We used data from the REasons for Geographic and Racial Differences in Stroke (REGARDS), a national cohort study of community-dwelling middle-aged and older adults, enrolled between 2003 and 2007 from the continental United States. We examined associations of CCB and verapamil use with fasting serum glucose among 4978 adults with diabetes, controlling for covariates in generalized linear models (GLM).

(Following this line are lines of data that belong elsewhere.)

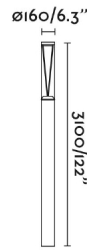

RUSH is a collection of technical lighting for the outdoors. The entire collection is made of aluminium and transparent polycarbonate, has a shock resistance of IK10 and has IP65 which gives it high protection against rain and solid bodies. This 3'1m pole lamp is perfect for lighting gardens or parks. The 360° option allows symmetrical lighting.

General characteristics

Fixation	Floor
Type	I
IP	65
voltage	100V-240V
Hertz	50/60Hz
Power	38W
IK	10

Material

Body/Structure	Aluminium+PC
Diffuser	PC

Finish

Body/Structure	Dark Grey
Diffuser	Transparent

Lighting characteristics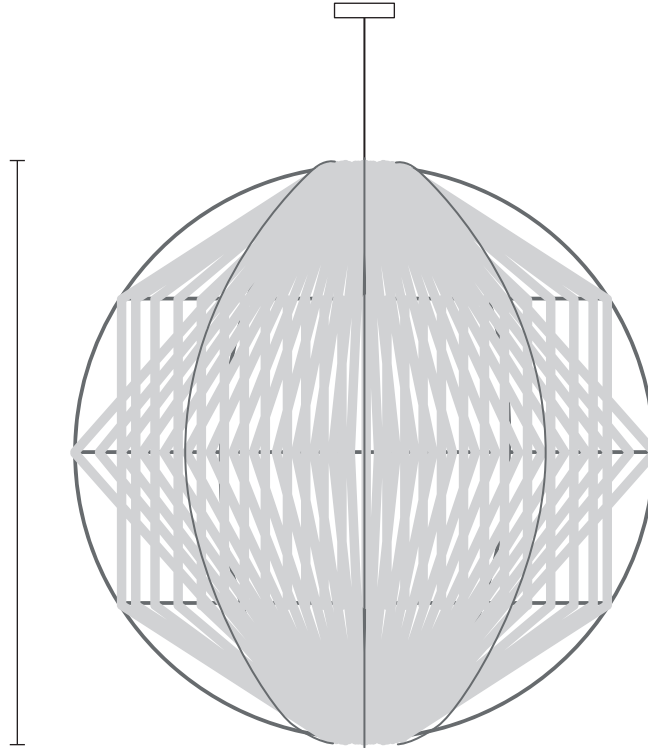

KAHDU

KDU_PEN_23V1

ILANEL

Ø800mm
Ø31.5 inch

TYPE

Pendant

MATERIAL

Elastic Satin Ribbon, Steel Wireframe

WEIGHT

2.0kg

MODEL

KDU-800

LIGHT SOURCE

E27, Max 10W

Light bulb not supplied unless requested

CERTIFICATION

ETL/UL upon request for North America

CORD

2m Cotton Braided

Custom lengths upon request

WARRANTY

3 years residential

2 years commercial

DIMENSION

Ø800mm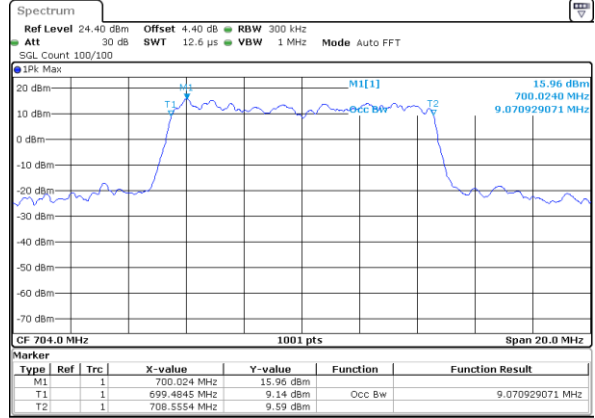

Date: 18 AUG 2017 09:45:28

Highest Channel / 5MHz / QPSK

Date: 18 AUG 2017 09:45:48

Highest Channel / 5MHz / 16QAM

Date: 18 AUG 2017 09:45:58

LTE Band 12

Lowest Channel / 10MHz / QPSK

Date: 18 AUG 2017 10:01:31

Lowest Channel / 10MHz / 16QAM

Date: 18 AUG 2017 10:01:41

Middle Channel / 10MHz / QPSK

Date: 18 AUG 2017 10:02:01

Middle Channel / 10MHz / 16QAM

Date: 18 AUG 2017 10:01:51

Highest Channel / 10MHz / QPSK

Date: 18 AUG 2017 10:02:11

The sample included 1484 (29.6%) CCB users, of which 174 (3.4%) were verapamil users. In fully adjusted GLMs, CCB users had 5 mg/dL lower serum glucose compared to non-users. Verapamil users had on average 10 mg/dL lower serum glucose compared to CCB non-users with substantially greater differences among insulin users: 24 mg/dL lower serum glucose among users of insulin in combination with oral agents and 37 mg/dL lower among users of insulin alone.
CCB and in particular verapamil use was associated with lower fasting blood glucose levels among REGARDS participants with diabetes.

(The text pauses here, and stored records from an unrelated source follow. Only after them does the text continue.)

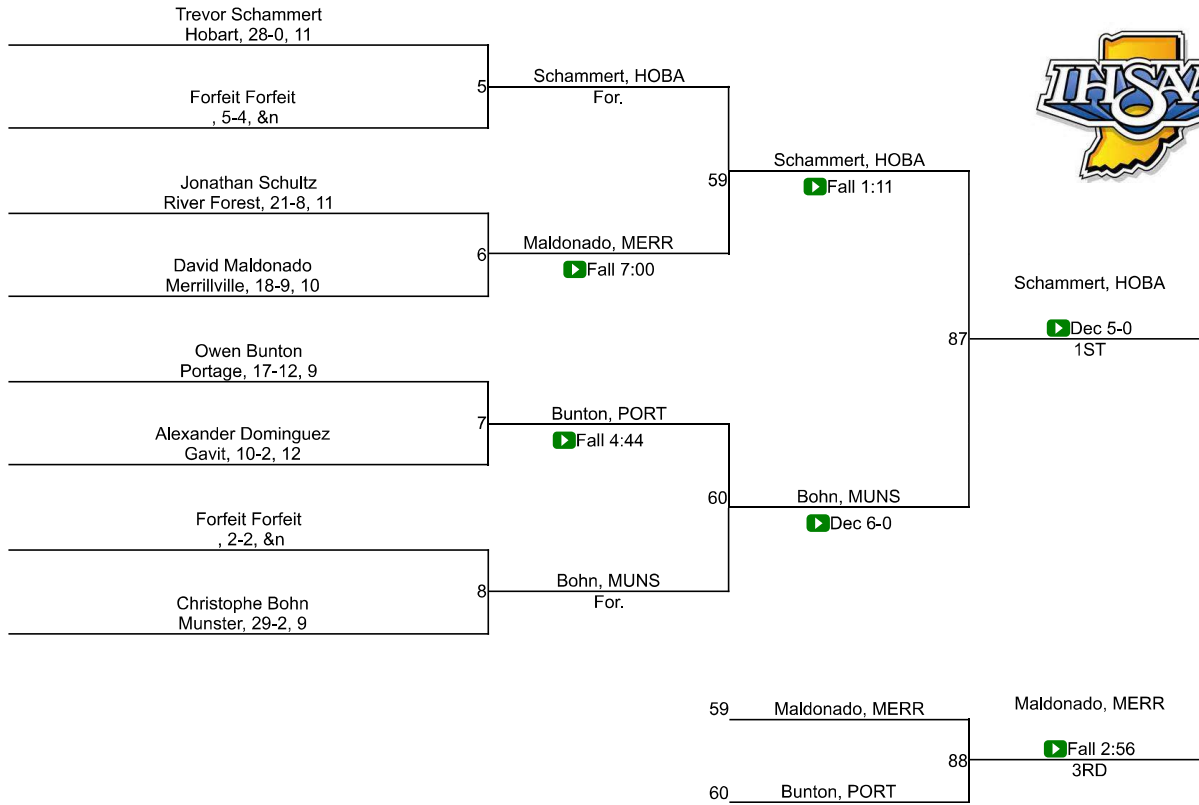

Team Scores

Printed on 02/06/2021 06:47 p.m.

Team Scores		
1	Merrillville	177.0
2	Portage	157.5
3	Hobart	146.0
4	Gavit	75.5
5	River Forest	60.5
6	Griffith	37.0
6	Munster	37.0
8	Hammond Morton	32.0
9	Calumet	31.0
10	Hammond	27.0
11	Lake Station Edison	25.0
12	Highland	15.5
13	East Chicago Central	0.0
13	Hammond Bishop Noll	0.0
13	Hammond Clark	0.0
13	Whiting	0.0

IHSAA Regional @ Hobart

106

IHSAA Regional @ Hobart

113

IHSAA Regional @ Hobart

120

IHSAA Regional @ Hobart

126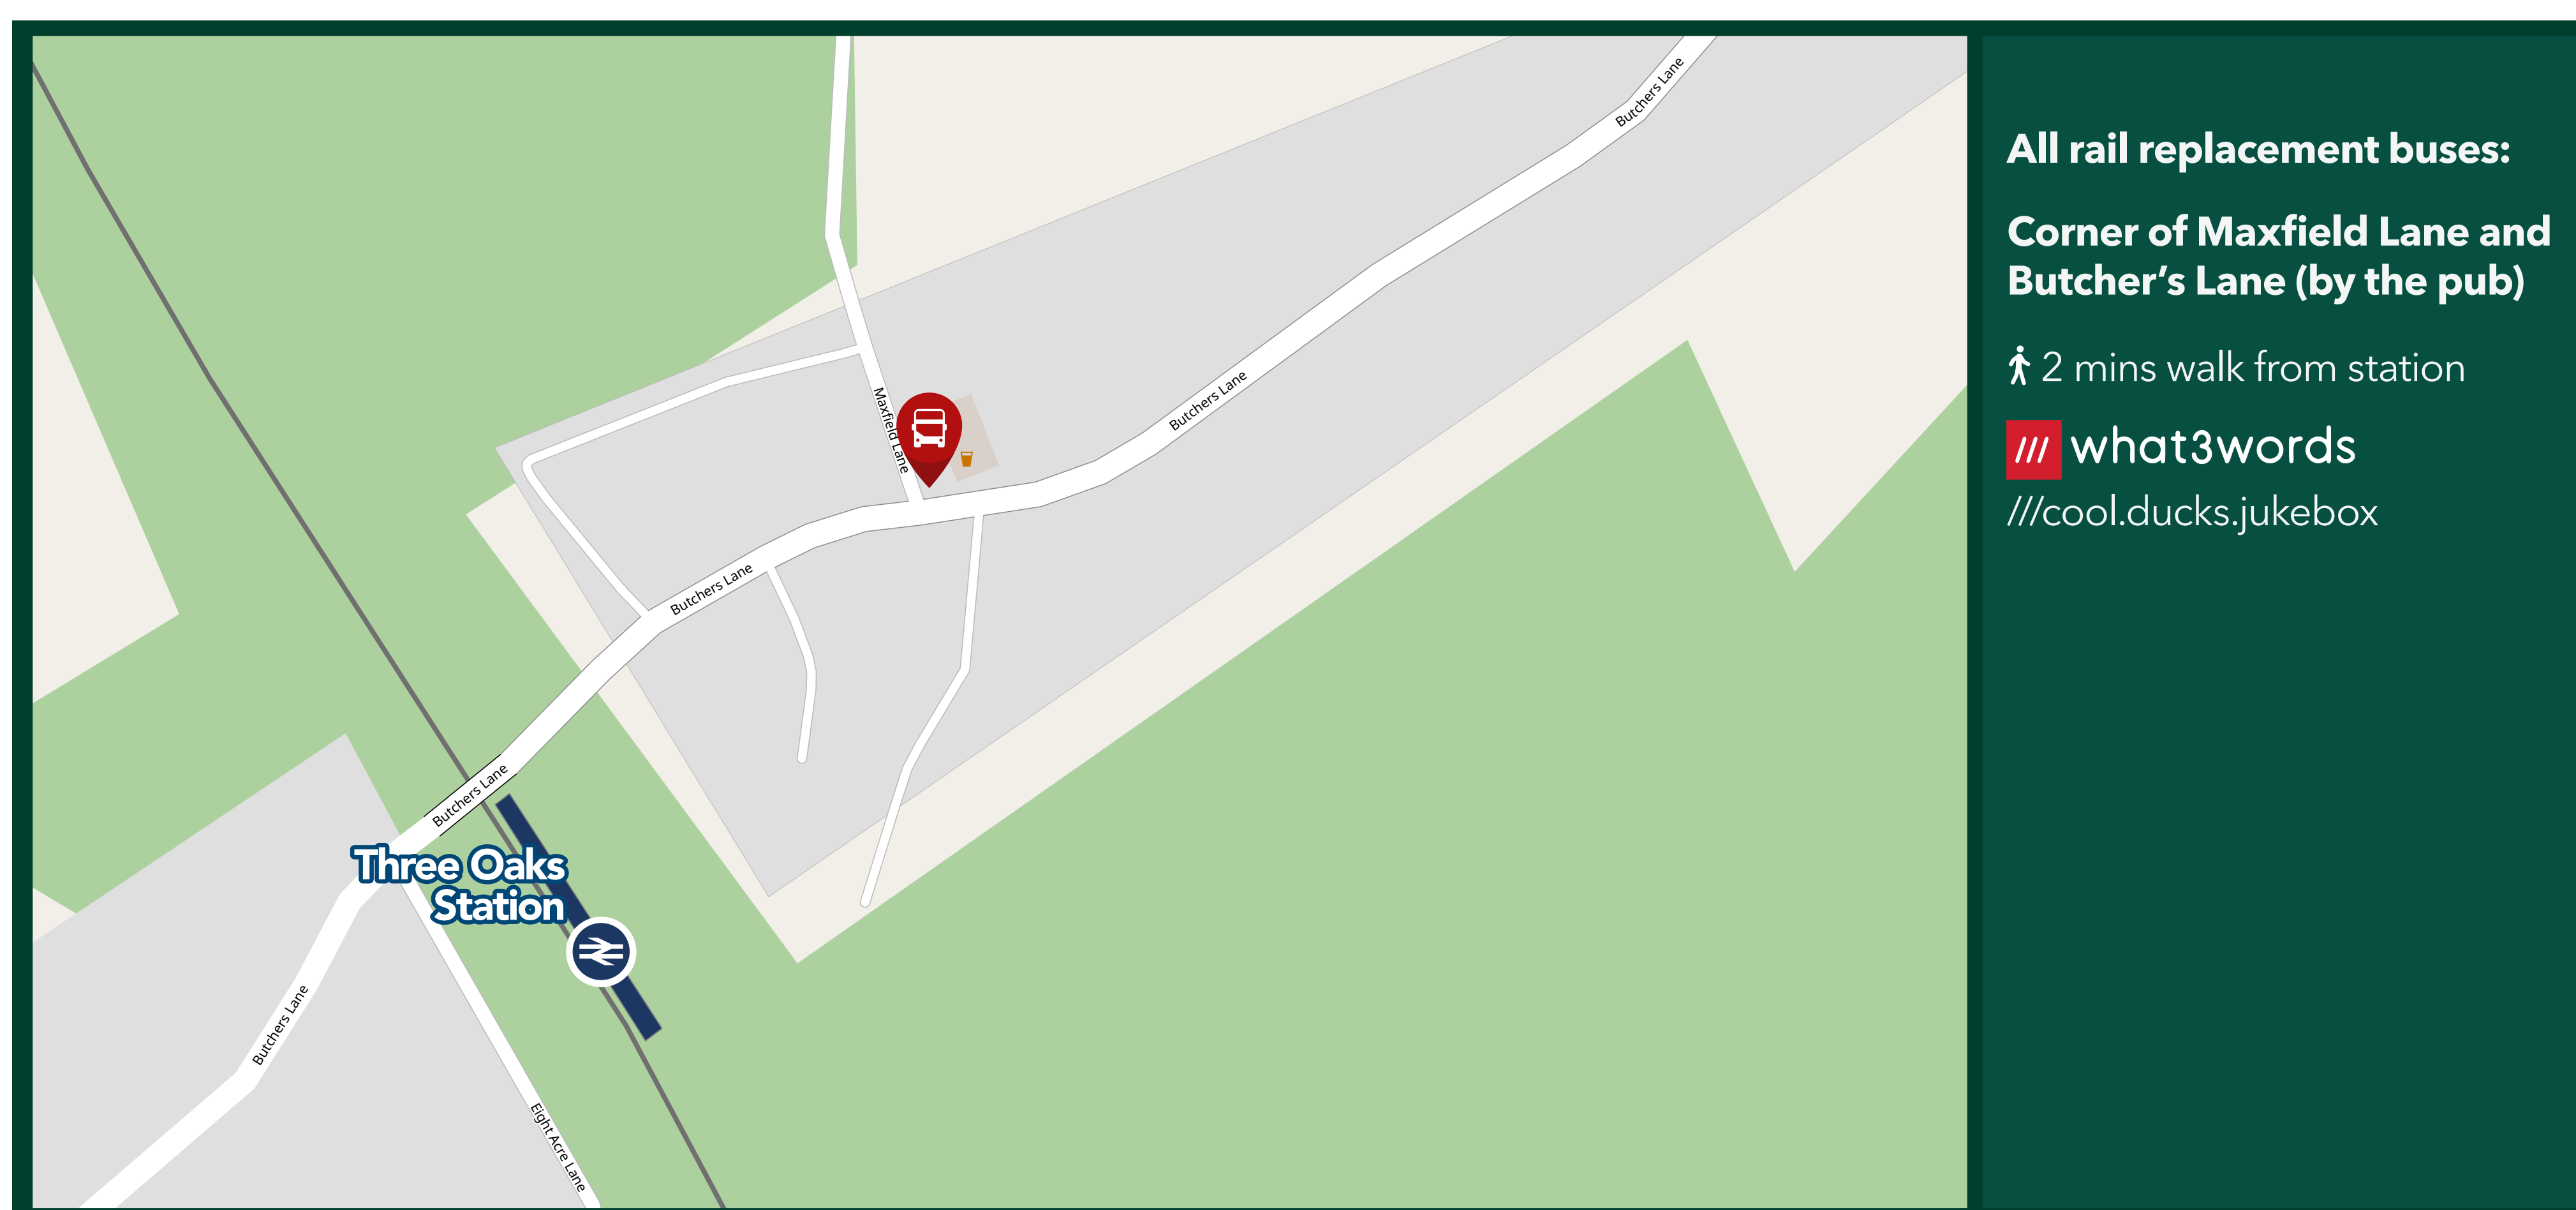

Rail Replacement Bus Services

Three Oaks

When trains are unable to run due to improvement works or disruption, dedicated replacement buses will stop at the locations shown below.

Rail replacement buses will display a prominent sign in the front window.

For journeys on regular scheduled buses, information on bus stops can be found on the separate "Onward Travel" poster or by scanning the QR code below to access the information page for this station.

All rail replacement buses:

Corner of Maxfield Lane and Butcher's Lane (by the pub)

↑ 2 mins walk from station

what3words

///cool.ducks.jukebox

For the latest information and to plan your journey:

- visit nationalrail.co.uk
- call National Rail Enquiries on **03457 48 49 50**
- speak to a member of staff or press the information button on the Help Point

Assisted travel

When we provide rail replacement buses or coaches, we use accessible vehicles. If this is not possible, we will provide an alternative accessible option.

If you would like to speak to the assisted travel team about your requirements, please contact them on:

- southernrailway.com/assistedtravel
- **0800 138 1016**
- **0800 138 1018 (Textphone)**

Travelling with a full size bike

For safety reasons, we can't take non-folding bikes on rail replacement buses.

Buying a ticket

Please buy your rail ticket before you travel. Tickets cannot be bought onboard buses and you may be denied boarding if you attempt to board a bus without a ticket (unless ticket issuing facilities are not available).

Smartcard users

When boarding a rail replacement bus, please touch in and out at the station as usual.

Use what3words to navigate to your stop

Navigate to the stop using your phone and what3words. Visit what3words.com or download the what3words app and enter the reference words next to your stop on the map above to get precise directions.

2024-10_CL_SN_RRB_TOK_DR

More information about this station at

southernrailway.com

SOUTHERN

UO1NS041588 from the National Institute of Neurological Disorders and Stroke, NIH; K24HL111154 and R01HL080477 from the National Heart, Lung, and Blood Institute.
Type 1 and type 2 diabetes have distinct pathophysiology , but both diseases are characterized by apoptotic pancreatic β-cell loss [1–3]. A recent study found that Ca2+ channel blockers (CCB) such as verapamil prevented β-cell apoptosis in mouse models of type 1 and type 2 diabetes [4,5]. Verapamil also enhanced endogenous insulin levels, rescued mice from streptozotocin-induced diabetes, and improved obesity-associated diabetes . These emerging findings raise the intriguing possibility that a familiar widely used drug, verapamil, may have new indications if similar results can be found in humans. However, there are very few data on the effect of verapamil on serum glucose levels in humans with diabetes. The objective of this study was to examine the association between the use of CCB in general and verapamil specifically and fasting serum glucose levels among diabetic participants of the REasons for Geographical and Racial Differences in Stroke (REGARDS) national cohort study. We hypothesized that CCB and, in particular, verapamil use is associated with lower fasting blood glucose compared to otherwise similar non-users of CCB.

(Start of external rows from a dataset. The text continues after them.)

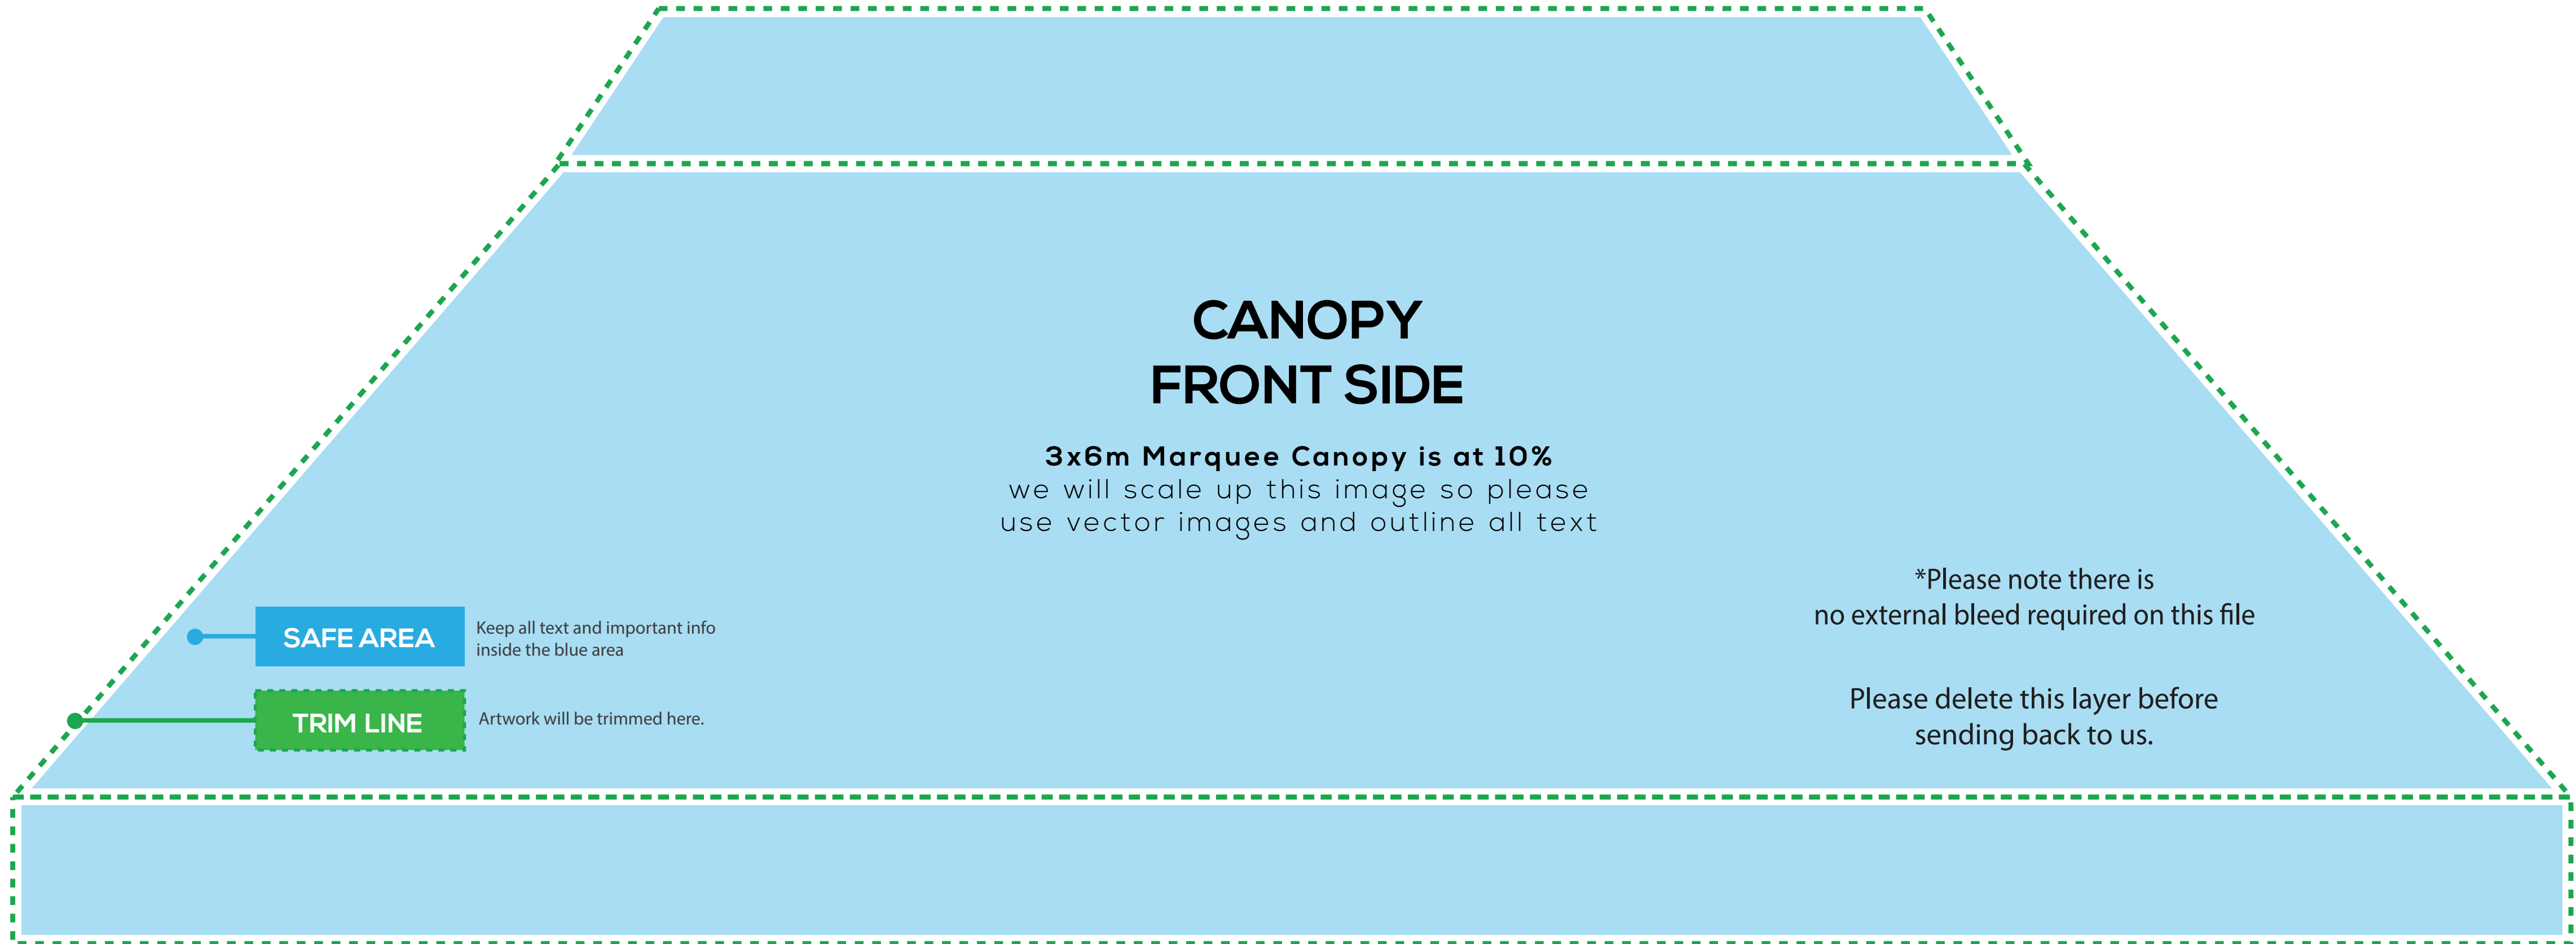

PRODUCT SETUP FACT SHEET

3x6m MARQUEE

3x6m Marquee Canopy with Walls

Full Size Back Wall

Half Side Wall

GENERIC FACTS:

- Convert all text to outlines
- If your design has a border, it must be no less than 3mm thick (5mm including bleed)
- File provided in CMYK only
- Our recommended rich black break down in 40%C, 40%M, 40%Y, and 100%K
- Supplied as press ready PDF

IMPORTANT DESIGN NOTES:

- As per industry standard colours may vary up to 5%
- For the best colour accuracy please refer to a Pantone colour guide and not your screen.

PRODUCT SPECIFICS:

- Size: 3x6m marquee canopy with walls
- No bleed required for this template
- Template is at 10%
- Use of vector image recommended

Canopy
page 2

Full Walls
page 3

Half Walls
page 4

3x6m Marquee Canopy

6m Marquee Full Walls

Left Full Side Wall

3m Marquee Walls is at 10%
we will scale up this image so please
use vector images and outline all text

*Please note there is
no external bleed required on this file

Please delete this layer before
sending back to us.

SAFE AREA

Place important text or image inside
this blue area to prevent trimming.

TRIM LINE

The REGARDS study is a prospective national cohort of 30,239 community-dwelling adults from the 48 continental US states that examines regional and racial influences on stroke mortality. Details are described elsewhere ; briefly, participants were enrolled between 2003 and 2007 using commercially available lists combining mail and telephone contacts to recruit English-speaking adults aged 45 years and older, who were living in the continental US . Severe debilitating conditions and cancer were exclusion criteria . Race and gender were balanced by design, with oversampling from the Southeastern US; the final cohort composition was 58% women and 42% African American . Baseline data collection included computer-assisted telephone interviews on socio-demographics, health history and health status. In-home examinations by trained staff followed standardized, quality-controlled protocols to collect fasting blood and urine samples; electrocardiograms; blood pressure (BP); anthropometric measures; and medication use by pill bottle review. Blood and urine samples were centrally analyzed at the University of Vermont. Electrocardiograms were centrally analyzed at Wake Forest University. Diabetes status was defined as taking insulin or oral antidiabetic agents, or a fasting blood glucose ≥126 mg/dL. The study protocol was reviewed and approved by the Institutional Review Board and all participants provided written informed consent.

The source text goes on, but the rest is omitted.